There’s an old saying on Wall Street that says, “analysis of the averages produces average analysis.”

The “averages” refers to the popular indexes, while the saying is a nod to missing opportunities if you only focus on what they’re doing.

And I can’t think of anything truer when it comes to corporate earnings.

So today, I’ll share three companies with rising profits despite the market’s negative earnings growth…

Moving in the Wrong Direction

About 82% of the companies in the S&P 500 have reported earnings for the fourth quarter.

And while 68% are beating their earnings estimates for the quarter, the growth rate in earnings has fallen into negative territory for the first time since 2020.

Even more concerning is that forecasted earnings are also moving in the wrong direction. Back at the end of December, analysts pegged S&P 500 earnings growth at about 5% for 2023.

Now, earnings growth for the next 12 months has also turned negative.

But here’s the thing… the news on the earnings front isn’t bad everywhere. You just have to look beyond the S&P’s uninspiring figures.

In fact, if you dig into the details, you can find companies in the midst of a profit boom.

That’s why I turn to a special type of quant factor to pinpoint companies expecting growth… and it’s one that’s generated outsized stock returns historically.

Tracking Profits with Analyst Revisions

Many investors mistakenly think that a high level of earnings is the trick to finding stocks that’ll outperform.

But when it comes to corporate profits, you should focus on the trend instead.

That’s also known as analyst revisions, which reflects how quickly Wall Street analysts are raising or lowering profit estimates for companies.

And targeting companies with the largest positive change in revisions has historically been a great way to beat the market.

I’ve verified that in my own studies.
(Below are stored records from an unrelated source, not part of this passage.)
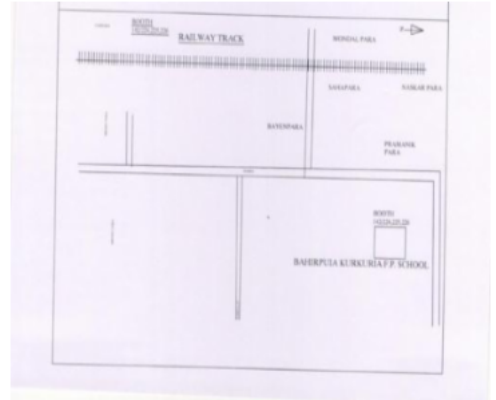

নির্বাচক নিবন্ধন আধিকারিকের স্বাক্ষর

Nazri Naksha

Google Map View

Polling Station Building Front View

Polling Station Front View

Cad View

Key MAP View

1 নাম : আবুসদ্দিক মোল্লা পিতার নাম: নবাবজান মোল্লা বাড়ির নং : - বয়স : 27 লিঙ্গ : পুরুষ	WET2309409 ফটো উপলব্ধ	2 নাম : সুলতান বায়েন স্বামীর নাম: মুক্তা বায়েন বাড়ির নং : - বয়স : 25 লিঙ্গ : মহিলা	WET2309698 ফটো উপলব্ধ	3 নাম : সালমা বিবি স্বামীর নাম: ছামাদ লক্ষর বাড়ির নং : - বয়স : 31 লিঙ্গ : মহিলা	WET2309995 ফটো উপলব্ধ
4 নাম : তানজিলা বিবি স্বামীর নাম: নাজমুল পুরকাইত বাড়ির নং : - বয়স : 26 লিঙ্গ : মহিলা	WET2309789 ফটো উপলব্ধ	5 নাম : মহিবুল সেখ পিতার নাম: অতিয়ার সেখ বাড়ির নং : - বয়স : 24 লিঙ্গ : পুরুষ	WET2309516 ফটো উপলব্ধ	6 নাম : মানব মন্ডল অন্যান্য: রনজিৎ মন্ডল বাড়ির নং : - বয়স : 24 লিঙ্গ : পুরুষ	WET2309375 ফটো উপলব্ধ
7 নাম : সবিকুন নাহার স্বামীর নাম: হবিবুল্লা পুরকাইত বাড়ির নং : - বয়স : 24 লিঙ্গ : মহিলা	WET2309672 ফটো উপলব্ধ	8 নাম : মানু মন্ডল অন্যান্য: রণজৎ মন্ডল বাড়ির নং : - বয়স : 27 লিঙ্গ : মহিলা	WET2309680 ফটো উপলব্ধ	9 নাম : সাহাবুদ্দিন পুরকাইত পিতার নাম: ইমতিয়াজ পুরকাইত বাড়ির নং : - বয়স : 49 লিঙ্গ : পুরুষ	WET2309599 ফটো উপলব্ধ
10 নাম : হাবিবুল্লা মোল্লা পিতার নাম: ইয়াজুল মোল্লা বাড়ির নং : - বয়স : 25 লিঙ্গ : পুরুষ	WET2309342 ফটো উপলব্ধ	11 নাম : জাকির সেখ পিতার নাম: জাহানারা বিবি বাড়ির নং : - বয়স : 25 লিঙ্গ : পুরুষ	WET2309474 ফটো উপলব্ধ	12 নাম : রেশমা খাতুন স্বামীর নাম: জাকির সেখ বাড়ির নং : এন0001 বয়স : 22 লিঙ্গ : মহিলা	WET2551653 ফটো উপলব্ধ
13 নাম : টুম্পা বায়েন স্বামীর নাম: সহদেব বায়েন বাড়ির নং : - বয়স : 26 লিঙ্গ : মহিলা	WET2309623 ফটো উপলব্ধ	14 নাম : রুনা খাতুন স্বামীর নাম: মোঃ আজহার উদ্দিন মোল্লা বাড়ির নং : - বয়স : 26 লিঙ্গ : মহিলা	WET2310100 ফটো উপলব্ধ	15 নাম : সুমাইয়া বিবি স্বামীর নাম: আবদুল্লা পুরকাইত বাড়ির নং : - বয়স : 28 লিঙ্গ : মহিলা	WET2309722 ফটো উপলব্ধ
16 নাম : রুবিনা খাতুন পিতার নাম: রবিউল মোল্লা বাড়ির নং : - বয়স : 28 লিঙ্গ : মহিলা	WET2309946 ফটো উপলব্ধ	17 নাম : মোহিম সেখ পিতার নাম: মতিন সেখ বাড়ির নং : - বয়স : 25 লিঙ্গ : পুরুষ	WET2309557 ফটো উপলব্ধ	18 নাম : পুতুল বায়েন পিতার নাম: পালান বায়েন বাড়ির নং : - বয়স : 30 লিঙ্গ : মহিলা	WET2309649 ফটো উপলব্ধ
19 নাম : হবিবুল্লা মোল্লা পিতার নাম: আকবর মোল্লা বাড়ির নং : - বয়স : 24 লিঙ্গ : পুরুষ	WET2310134 ফটো উপলব্ধ	20 নাম : জাসমিনা বিবি স্বামীর নাম: হাবিবুল্লা মোল্লা বাড়ির নং : - বয়স : 25 লিঙ্গ : মহিলা	WET2309862 ফটো উপলব্ধ	21 নাম : মহিবুল্লা পুরকাইত পিতার নাম: সাহাবুদ্দিন পুরকাইত বাড়ির নং : এন00 বয়স : 22 লিঙ্গ : পুরুষ	WET2438299 ফটো উপলব্ধ
22 নাম : বাসুদেব মন্ডল পিতার নাম: কিশোরী মন্ডল বাড়ির নং : এন0114 বয়স : 41 লিঙ্গ : পুরুষ	FJW3021854 ফটো উপলব্ধ	23 নাম : রোজিনা বিবি স্বামীর নাম: নুরসালমা মোল্লা বাড়ির নং : n0173 বয়স : 32 লিঙ্গ : মহিলা	NYH1470236 ফটো উপলব্ধ	24 নাম : সোমনাথ বয়েন পিতার নাম: শৈলেন বায়েন বাড়ির নং : এন0023 বয়স : 24 লিঙ্গ : পুরুষ	WET2386696 ফটো উপলব্ধ
25 নাম : সমিম পুরোকৈত পিতার নাম: সজিদুল পুরোকৈত বাড়ির নং : এন0023 বয়স : 23 লিঙ্গ : পুরুষ	WET2387389 ফটো উপলব্ধ	26 নাম : খোসদেল পুরকাইত পিতার নাম: ইয়ারনবি পুরকাইত বাড়ির নং : n0023 বয়স : 42 লিঙ্গ : পুরুষ	FJW2956290 ফটো উপলব্ধ	27 নাম : সজিদুল পুরকাইত পিতার নাম: মুনসুর আলি পুরকাইত বাড়ির নং : n0023 বয়স : 43 লিঙ্গ : পুরুষ	FJW2956464 ফটো উপলব্ধ
28 নাম : জোবেদা পুরকাইত স্বামীর নাম: খয়রুল হক পুরকাইত বাড়ির নং : n0023 বয়স : 34 লিঙ্গ : মহিলা	WET1586536 ফটো উপলব্ধ	29 নাম : মাফিরা পুরকাইত স্বামীর নাম: মোঃ সজিদুল হক পুরকাইত বাড়ির নং : n0023 বয়স : 35 লিঙ্গ : মহিলা	WET1664507 ফটো উপলব্ধ	30 নাম : খয়রুল হক পুরকাইত পিতার নাম: ইয়ারনবি পুরকাইত বাড়ির নং : n0023 বয়স : 45 লিঙ্গ : পুরুষ	FJW2767713 ফটো উপলব্ধ

My revision factor is made up of things like sales and earnings estimates, so I can track which stocks are seeing the best improvement in their financial outlook.

Top companies based on my analyst revisions factor have delivered just over 18% in annualized returns going back to the start of 2010… far outpacing the benchmark.

That’s why looking beyond the averages can guide you to better opportunities than what the indexes have to offer.

Here’s where my analyst revisions factor says the profit outlook is improving now…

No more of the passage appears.